Results. The main problems of traditional energy, caused by rising energy prices, which in turn are related to the exhaustion of readily available fields of organic and nuclear fuels, as well as frequent accidents at nuclear power plants, which in turn caused the need to analyse the state of energy consumption at the current stage of development. Against the background of problems with fossil energy sources, one of the key global trends in the development of the energy industry is the development of alternative energy sources and digital energy. These processes have already significantly influenced the economy of the fuel and energy complex in some countries and continue to develop. The proliferation of renewable energy is already beginning to have a global impact on electricity generation, consumption, and operation, especially in countries where the share of renewable energy in traditional energy exceeds 10 % in such countries, and Ukraine is projected too soon. The transition from current forecast generation models with essentially constant power to networks with which variable renewable energy sources are connected will likely require significant changes. Implementing renewable and distributed renewable energy will require more effort to manage, redistribute and accumulate energy flows in the grid. Digitisation can solve challenges that will only intensify in the future in three stages: «smart» energy generation, innovative management and settlement with customers, and wise consumption. The main problem here is the need for a considerable amount of data that will need to be processed to understand how the network works at any given time so that, with constant changes to its parameters, variables can be managed, forecasted, customers’ current needs and capabilities assessed energy services.

Prospects.
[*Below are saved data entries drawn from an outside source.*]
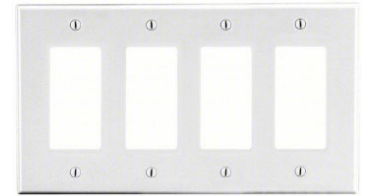

**BW-WT-01**  
Plastic Outlet Wall Plate, White - Sold Pack of 10

**BW-WDG-01**  
1-Gang Rocker Wall Plate,  
White - Sold Each

**BW-WDG-02**  
2-Gang Rocker Wall Plate,  
White - Sold Each

**BW-WDG-03**  
3-Gang Rocker Wall Plate,  
White - Sold Each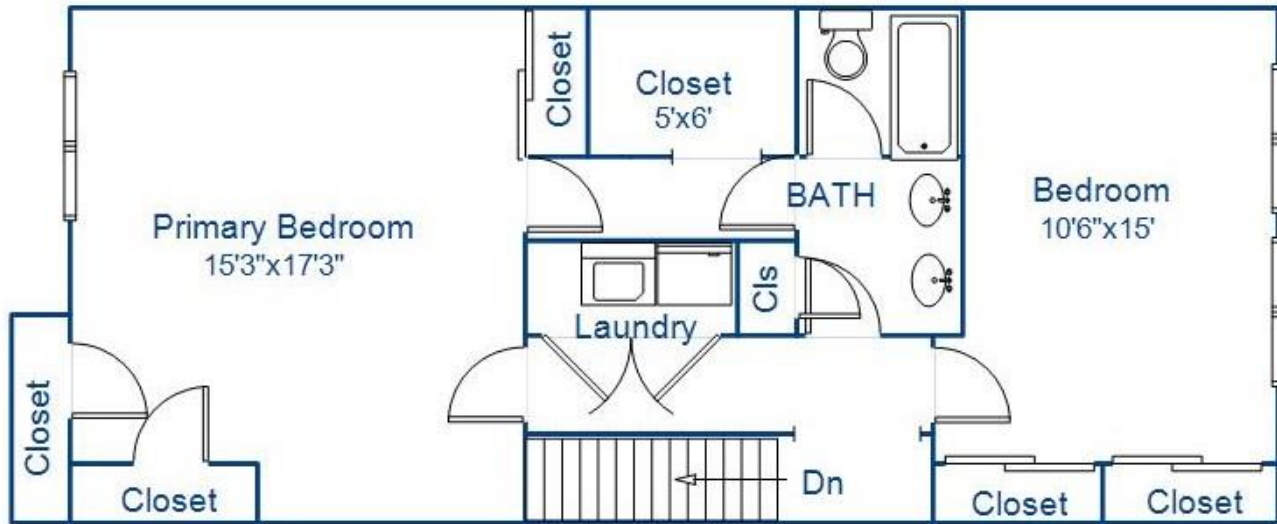

Property Floor-plan

Address: 52 Hudson View Hill, Ossining, NY 10562

Floor Description: First Floor

This floor plan illustration is an approximation of existing structures and features and is provided for convenience only with the permission of the seller. All measurements are approximate. The Mark Seiden Real Estate Team and the seller do not guarantee these measurements to be exact or to scale. Buyer should confirm measurements using their own sources.

Property Floor-plan

Address: 52 Hudson View Hill, Ossining, NY 10562

Floor Description: Second Floor

This floor plan illustration is an approximation of existing structures and features and is provided for convenience only with the permission of the seller. All measurements are approximate. The Mark Seiden Real Estate Team and the seller do not guarantee these measurements to be exact or to scale. Buyer should confirm measurements using their own sources.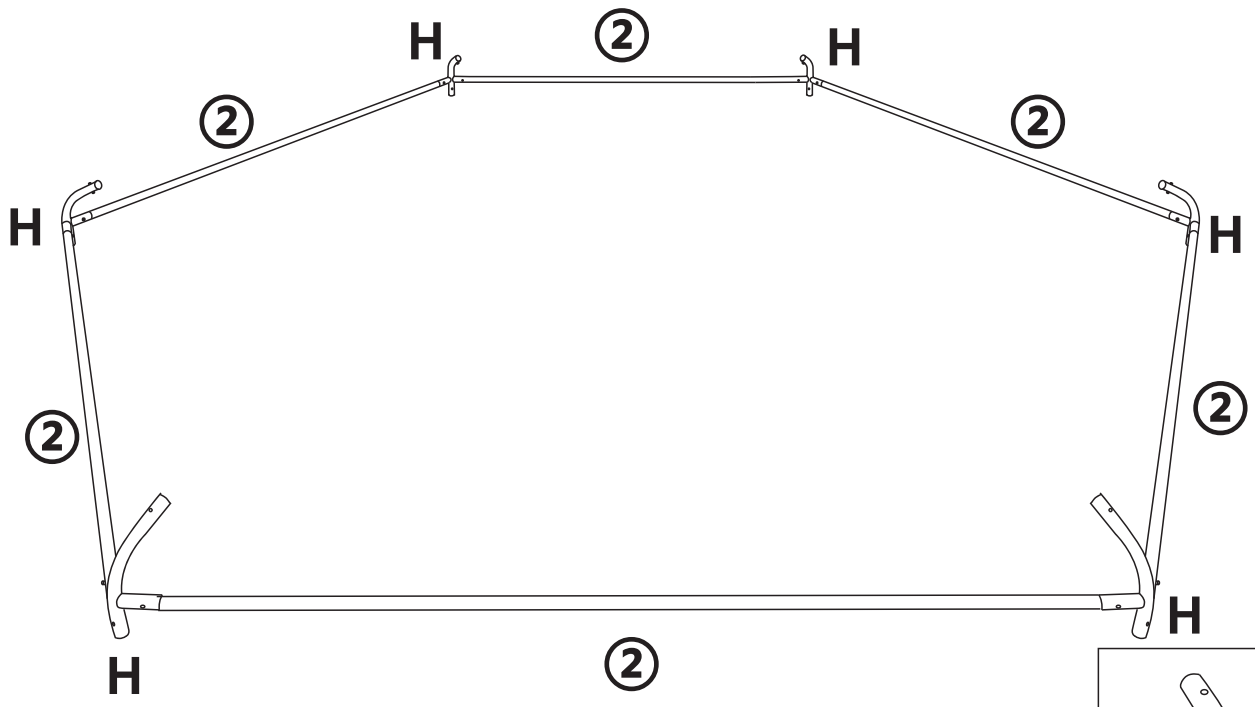

DAKITO

Scan the code to watch
the installation video

USER' MANUAL

GREEN HOUSE YCNF0003

Customer Service Email: derek317317@gmail.com

1925MM  2 x 18	170MM  7 x 6	1600MM  4 x 6
 E x 6	 H x 6	 J x 1
 K x 1	M6*15MM  L x 12+1	 M x 6
 S x 1		

⑦X6

L M6*15 X12

J

Digital technologies such as the Internet of Things, artificial intelligence, automation, complex cloud computing and blockchain are gaining popularity in the energy sector. Investments in these technologies are growing yearly and will become decisive by 2030. Digitisation of electrical systems was also investigated. The interconnectedness and evolving roles of generators, consumers and power grids will continue to be a central feature of the future of electricity supply.

Author Biographies

  • Olena Chygryn, Sumy State University

    D. Sc. (Economics), Professor,

    Associate Professor of the Department of Marketing
  • Oleksii Gavrylenko, Sumy State University
    PhD (Technical), Associate Professor, Postdoctoral of the Department of Chemical Engineering
  • Kateryna Shevchenko, Sumy State University
    Student of the Department of Marketing

References

Google Trends. Retrieved from: https://trends.google.com.ua/trends/?geo=UA [in English].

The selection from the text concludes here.